Records from a data source:
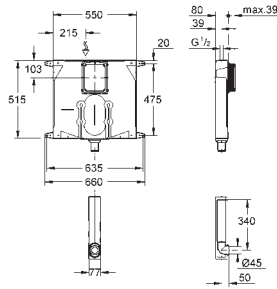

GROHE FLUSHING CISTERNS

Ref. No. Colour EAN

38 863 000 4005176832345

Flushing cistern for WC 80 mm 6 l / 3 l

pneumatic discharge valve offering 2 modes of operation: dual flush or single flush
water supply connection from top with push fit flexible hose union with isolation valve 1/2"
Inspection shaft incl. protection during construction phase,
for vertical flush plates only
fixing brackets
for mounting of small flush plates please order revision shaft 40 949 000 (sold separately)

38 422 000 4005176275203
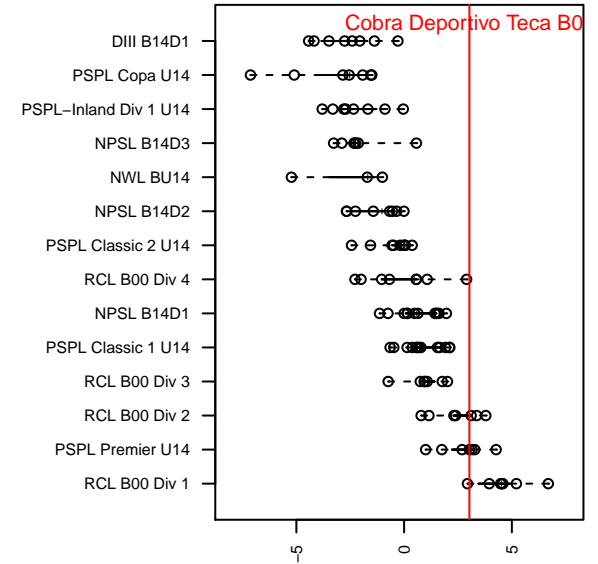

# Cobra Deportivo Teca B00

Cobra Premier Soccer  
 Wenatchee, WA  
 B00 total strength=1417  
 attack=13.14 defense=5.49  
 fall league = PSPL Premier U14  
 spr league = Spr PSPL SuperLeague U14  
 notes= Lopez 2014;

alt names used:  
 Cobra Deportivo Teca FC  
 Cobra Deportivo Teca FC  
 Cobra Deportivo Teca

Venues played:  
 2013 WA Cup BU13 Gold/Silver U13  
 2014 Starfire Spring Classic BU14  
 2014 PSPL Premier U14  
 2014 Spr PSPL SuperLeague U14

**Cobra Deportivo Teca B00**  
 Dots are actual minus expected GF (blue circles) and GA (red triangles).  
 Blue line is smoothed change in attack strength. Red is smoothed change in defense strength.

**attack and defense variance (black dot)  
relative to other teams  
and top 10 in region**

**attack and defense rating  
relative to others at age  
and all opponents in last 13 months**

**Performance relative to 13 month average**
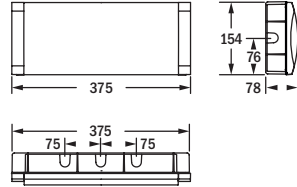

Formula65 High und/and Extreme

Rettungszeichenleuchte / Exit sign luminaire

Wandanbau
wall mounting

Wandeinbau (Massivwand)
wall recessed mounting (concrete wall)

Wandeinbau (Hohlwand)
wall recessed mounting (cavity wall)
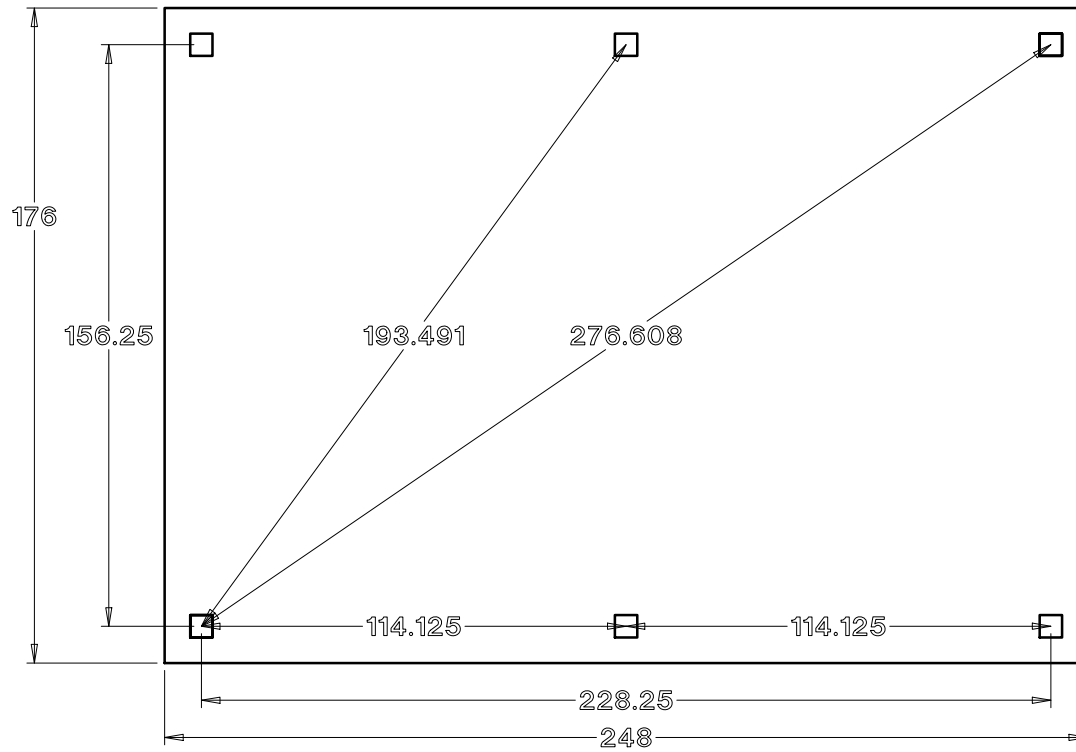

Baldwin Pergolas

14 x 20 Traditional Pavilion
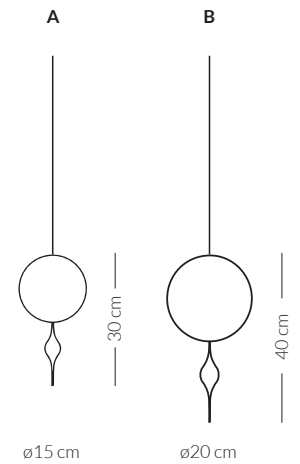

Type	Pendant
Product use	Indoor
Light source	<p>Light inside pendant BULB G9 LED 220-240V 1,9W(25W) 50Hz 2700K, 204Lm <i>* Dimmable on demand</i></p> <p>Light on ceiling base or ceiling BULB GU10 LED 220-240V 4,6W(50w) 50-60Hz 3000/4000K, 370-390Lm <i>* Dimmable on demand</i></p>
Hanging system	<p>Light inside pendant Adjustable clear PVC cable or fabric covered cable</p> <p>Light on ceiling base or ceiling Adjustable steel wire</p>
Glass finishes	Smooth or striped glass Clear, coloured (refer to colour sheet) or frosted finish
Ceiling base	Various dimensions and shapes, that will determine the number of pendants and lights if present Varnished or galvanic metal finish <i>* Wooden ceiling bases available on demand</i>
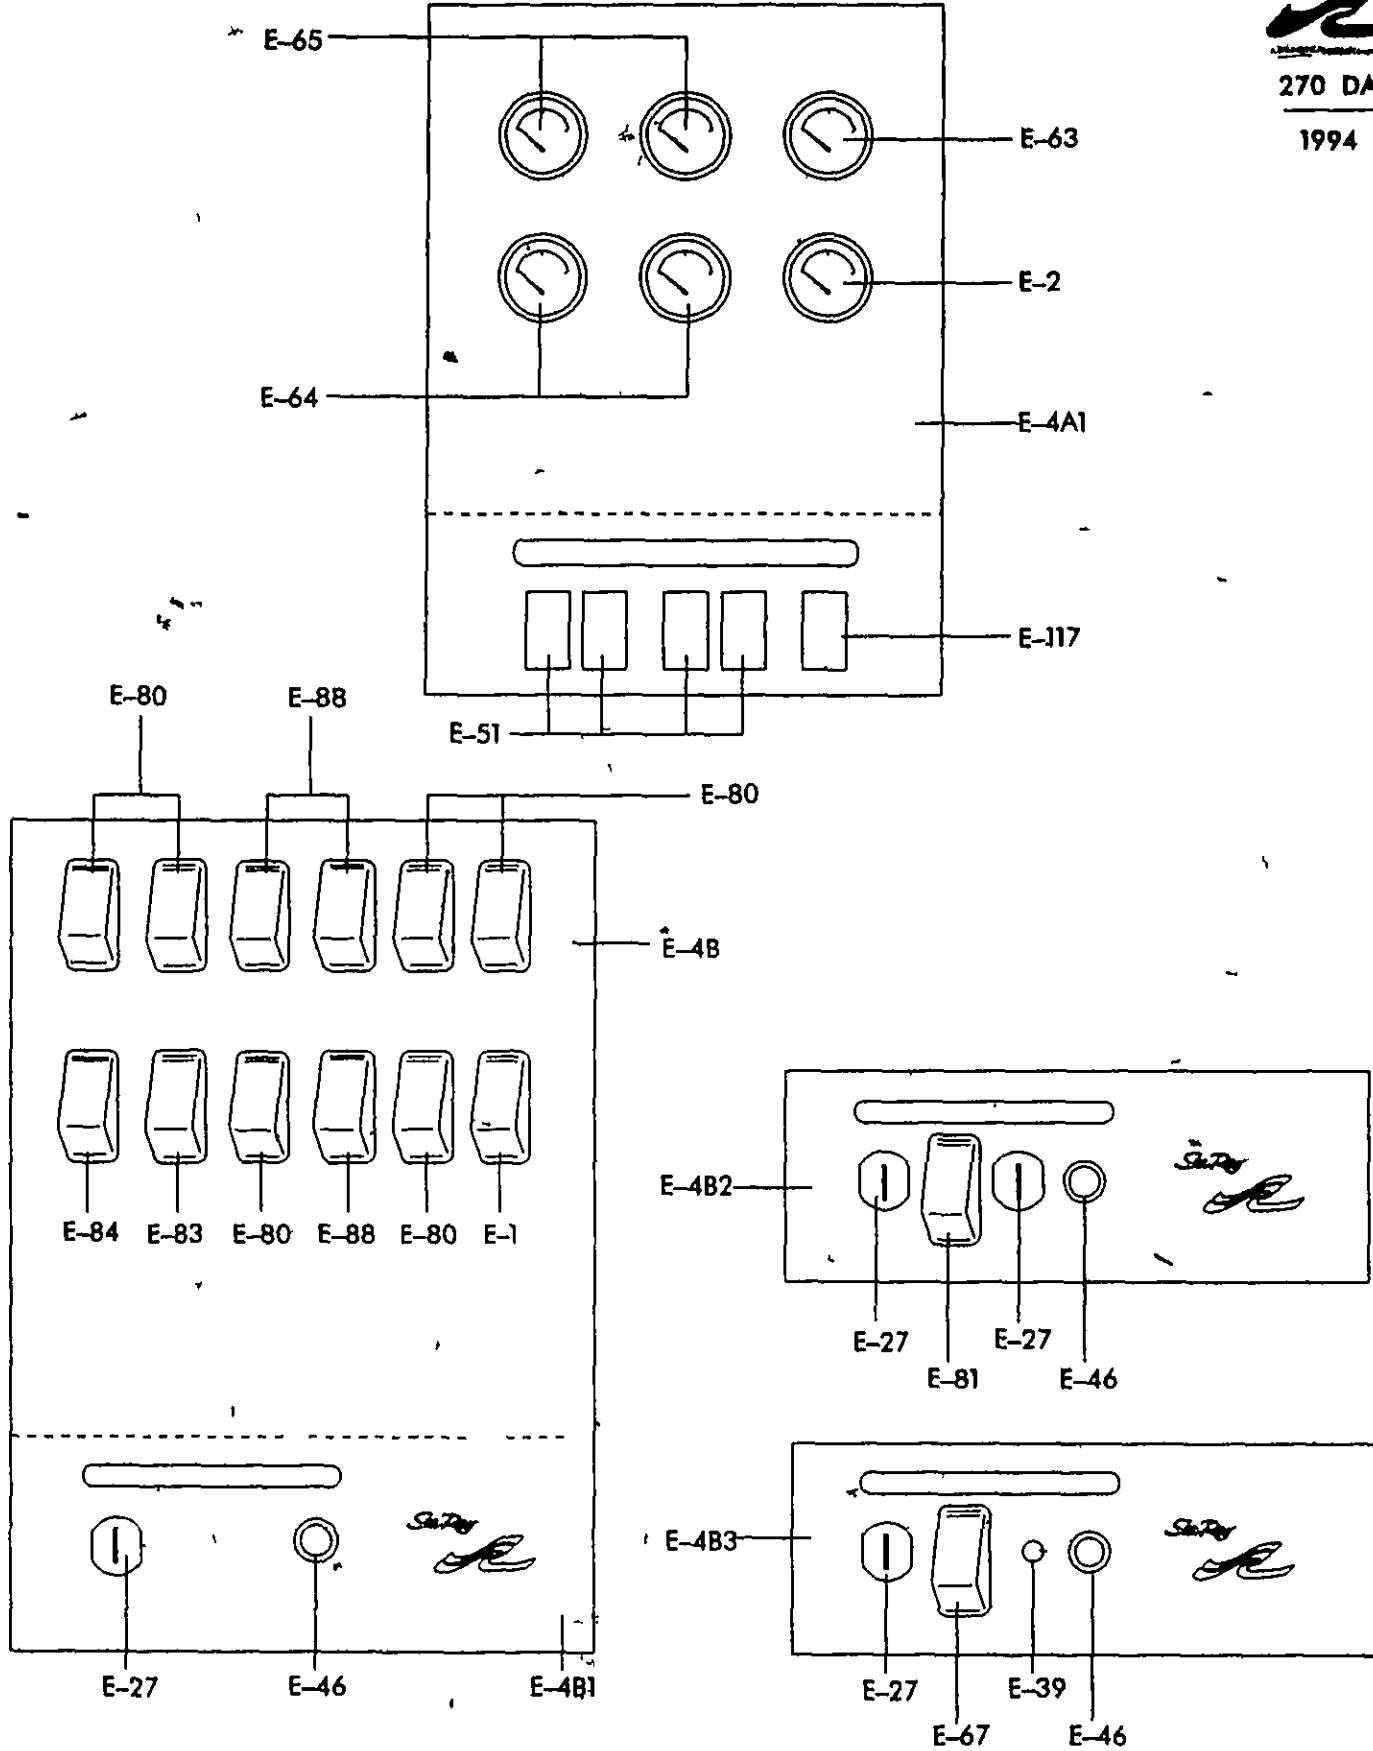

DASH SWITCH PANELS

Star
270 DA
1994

### [TASK TO CARRY OUT]
Search the entries for the word "recessed". Copy every line where it occurs.

### [RESULT BELOW]
wall recessed mounting (concrete wall)
wall recessed mounting (cavity wall)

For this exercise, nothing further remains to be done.